The Temple of Literature was founded in the 11th century. It is Vietnam’s first university. Graduates were having their picture taken when we visited. A series of 82 carved blue turtle steles with the names of those successful at the royal exams dating from 1484 surround one of the five courtyards. The Constellation of Literature Pavilion, built in 1805, is a symbol of present day Hanoi. A red-colored pavilion sits atop four stone stilts. It has a bronze bell that is rung on auspicious occasions. The Dai Thanh Sanctuary is where Confucius and his four closest disciples are worshipped. Ancient trees, beautiful flowers and trimmed grass in a couple of the courtyards provide a relaxing contemplative mood.

Hoa Lo Prison

Hoa Lo Prison

Hoa Lo Prison, widely known as Hanoi Hilton,” was originally established by the French colonial government in 1896 for the purpose of detaining political prisoners. Only the southernmost corner has been preserved as a museum. It documents the conditions of men and women inmates during French rule and later when used for American prisoners-of-war.
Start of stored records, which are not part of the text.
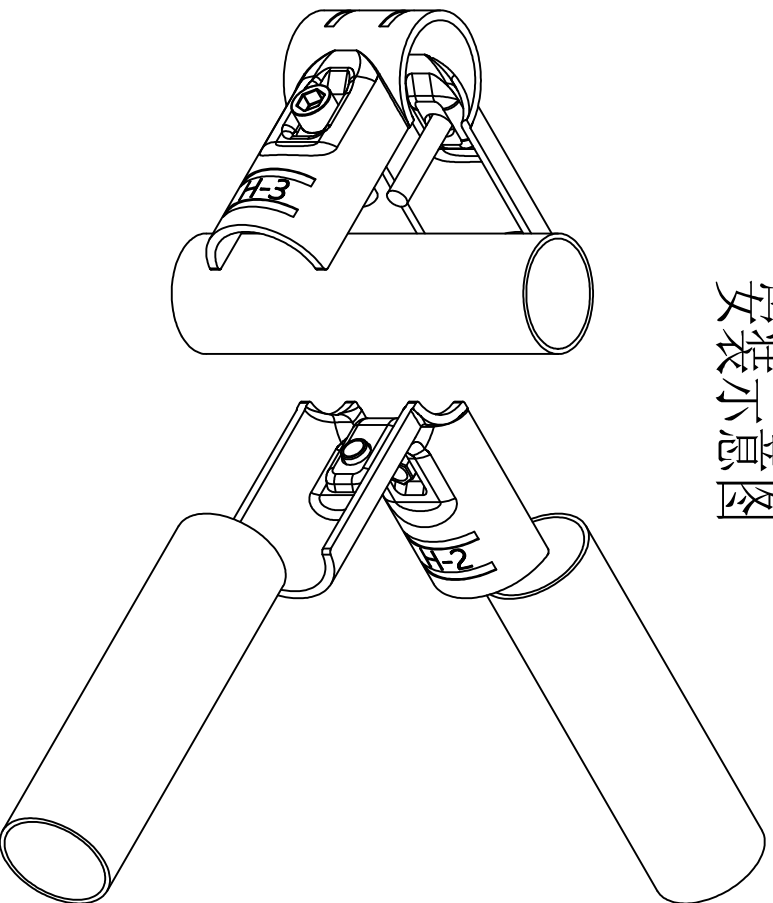

# 精益管连接件 HJ-2P/2D

名称      型号      材质      表面

精益管连接件 HJ-2P/2D SPHC 黑色电泳/银色镀铬

### 安装示意图

一代精益管90°结构的连接接头，由一片H-2、一片H-3和两套螺丝组装。
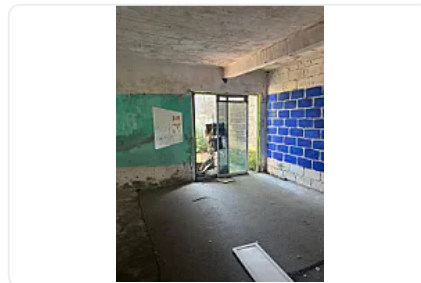

HOPELCHÉN 398

Calle Hopelchén, Rincón del Mirador II, Ciudad de México, CDMX, México, Rincón del Mirador II, Ciudad de México, Ciudad de México • ID 2452

**Venta: MXN \$
5,000,000.00**

Descripción

Terreno con construcción para demoler

Drenaje

Luz

Terreno regular

Detalles

Recámaras: —
Baños: —
Estacionamientos: —
Construcción: —
Terreno: 295 m²
Código: SB-126
Comisión: 0.00%

Contacto

—
Email: —
Teléfono: —
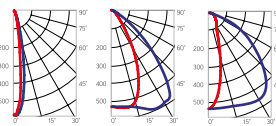

Угол поворота – 180°
Размер светильника:
426×211×262mm
Размер упаковки
светильника:
480×310×152mm
PF ≥ 0,97

○ металл

Артикул	Мощность	Цветовая температура	Световой поток	Угол рассеивания
V1-I0-70077-04L10-6509050	80W	5000K	11100lm	12°
V1-I0-70077-04L09-6509050	80W	5000K	9800lm	19°
V1-I0-70077-04L07-6509050	80W	5000K	9700lm	60°
V1-I0-70077-04L06-6509050	80W	5000K	9800lm	90°
V1-I0-70077-04L08-6509050	80W	5000K	9400lm	30°×110°

Угол поворота – 180°
Размер светильника:
426×211×262mm
Размер упаковки
светильника:
480×310×152mm
PF ≥ 0,97

○ металл

Артикул	Мощность	Цветовая температура	Световой поток	Угол рассеивания
V1-I0-70077-04L10-6512050	110W	5000K	14000lm	12°
V1-I0-70077-04L09-6512050	110W	5000K	12500lm	19°
V1-I0-70077-04L07-6512050	110W	5000K	12500lm	60°
V1-I0-70077-04L06-6512050	110W	5000K	12700lm	90°
V1-I0-70077-04L08-6512050	110W	5000K	12200lm	30°×110°

Olymp

Угол поворота – 180°
Размер светильника:
546×211×262mm
Размер упаковки
светильника:
595×315×150mm
PF ≥ 0,97

○ металл

Артикул	Мощность	Цветовая температура	Световой поток	Угол рассеивания
V1-I0-70078-04L10-6515050	135W	5000K	15800lm	12°
V1-I0-70078-04L09-6515050	135W	5000K	15700lm	19°
V1-I0-70078-04L07-6515050	135W	5000K	14900lm	60°
V1-I0-70078-04L06-6515050	135W	5000K	16300lm	90°
V1-I0-70078-04L08-6515050	135W	5000K	15500lm	30°×110°

Olymp

Угол поворота – 180°
Размер светильника:
546×431×347mm
Размер упаковки
светильника:
620×567×252mm
PF ≥ 0,97

○ металл

Артикул	Мощность	Цветовая температура	Световой поток	Угол рассеивания
V1-I0-70097-04L10-6530050	275W	5000K	38500lm	12°
V1-I0-70097-04L09-6530050	275W	5000K	32400lm	19°
V1-I0-70097-04L07-6530050	275W	5000K	32100lm	60°
V1-I0-70097-04L06-6530050	275W	5000K	31900lm	90°
V1-I0-70097-04L08-6530050	275W	5000K	31700lm	30°×110°
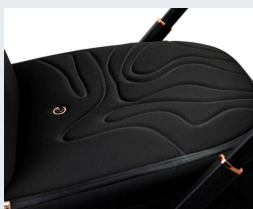

Zdobení potahu gondoly
metodou hot pressing
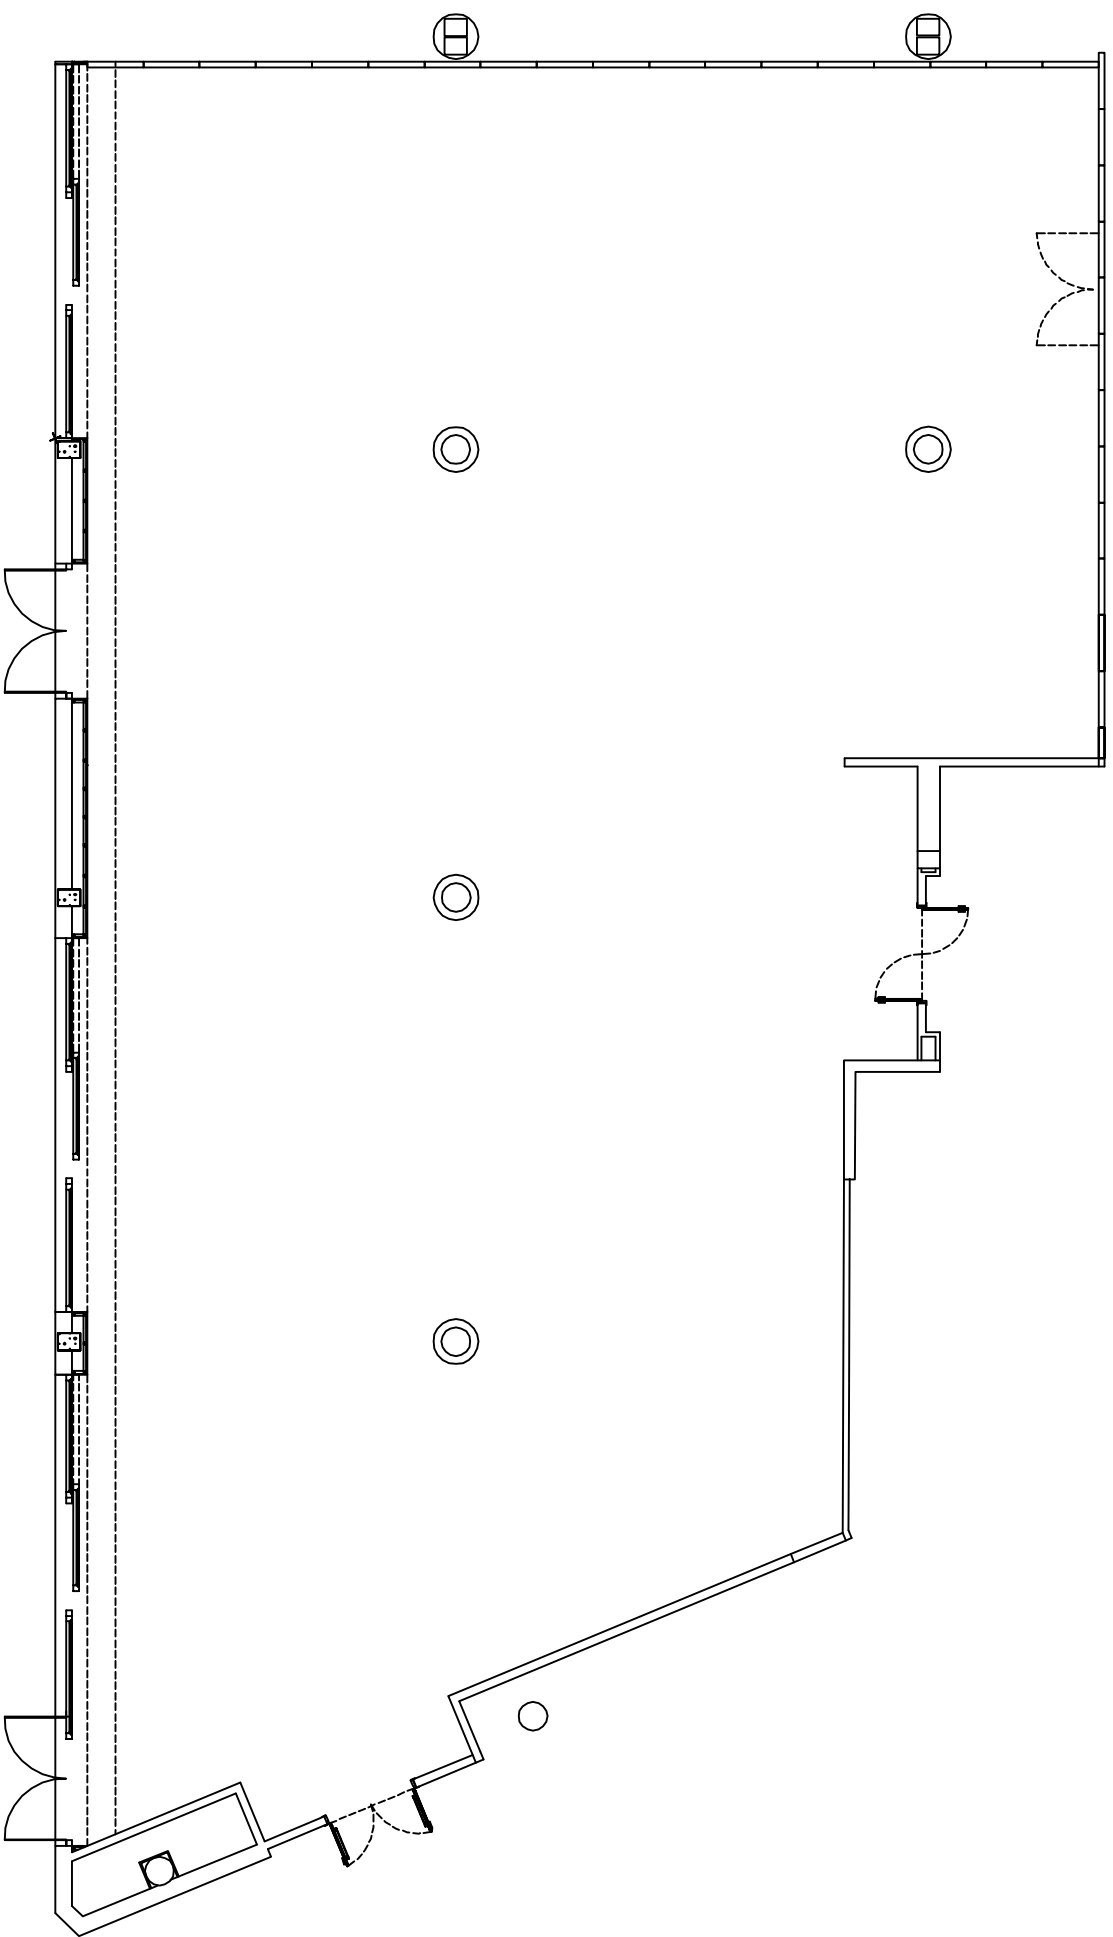

SALÓN  
1106,00 m<sup>2</sup>

SALÓN

VERDICIO + XAGÓ

868,00 m<sup>2</sup>

SALÓN

VERDICIO+XA

587,00 m<sup>2</sup>

**SALÓN**

**XAGÓ+BAÑUGUES**

**614,00 m<sup>2</sup>**

SALÓN

GÓ+BAÑÚGUES

462,00 m<sup>2</sup>

**SALÓN**  
**VERDICIO**  
**399,00 m<sup>2</sup>**

SALÓN  
XAGÓ  
375,00 m<sup>2</sup>

SALÓN

# SALÓN TRUYÉS

54,60 m<sup>2</sup>

# SALÓN TRASONA

74,00 m<sup>2</sup>

After lunch at the Wild Lotus restaurant, we toured the ancient area of Hanoi on a cyclo tour. Individual guests sit in front of a bicycle driver. The city’s elegant, tree-lined boulevards and weathered colonial buildings contrasted with the bustle of bikes, motorbikes, and cars all vying for road space. It was interesting to see street vendors selling off the back of a bicycle. Throughout our visit we saw many flower vendors. People regularly buy fresh flowers. On our return to the hotel we traveled along a highway with four miles of murals. We also saw the cities’ oldest bridge which was designed by Eiffel. During the American war this bridge was regularly repaired immediately after it was bombed.

Phoenix Puppets

Phoenix Puppets

We were gifted with front row seats for the Thang Long Water Puppet Show. This modern variation of an ancient tradition features puppets made out wood and lacquered. A large rod supports the puppet, and the puppeteers, hidden behind a screen, use controls on the rod to bring the puppets to life on the surface of a waist-deep pool of water. A musical ensemble of traditional musical instruments accompanies the performance of fourteen scenes. One of the most memorial sketches was the “Phoenix’s Dance. Two phoenix appear and dance. Soon an egg appears which then hatches a young phoenix. According to tradition, puppetry traces back to when the Red River Delta area of northern Vietnam would flood and the villagers entertained each other with puppets.

Our day ended with dinner at the Forest Restaurant. The building that houses the restaurant is designed to give the feel of a traditional mountain home. It is decorated with Hmong artwork. During dinner we were entertained with traditional folk music from a band in traditional costume. Two performances were especially memorable. In one the artist uses a one-string bamboo instrument that he made himself to compose interesting a high pitched sound. The other interesting instrument was a bamboo pole with one string and a mouthpiece. Without using the mouthpiece, little sound was possible. With the mouthpiece the performer produced very interesting sounds. What a great time in Hanoi!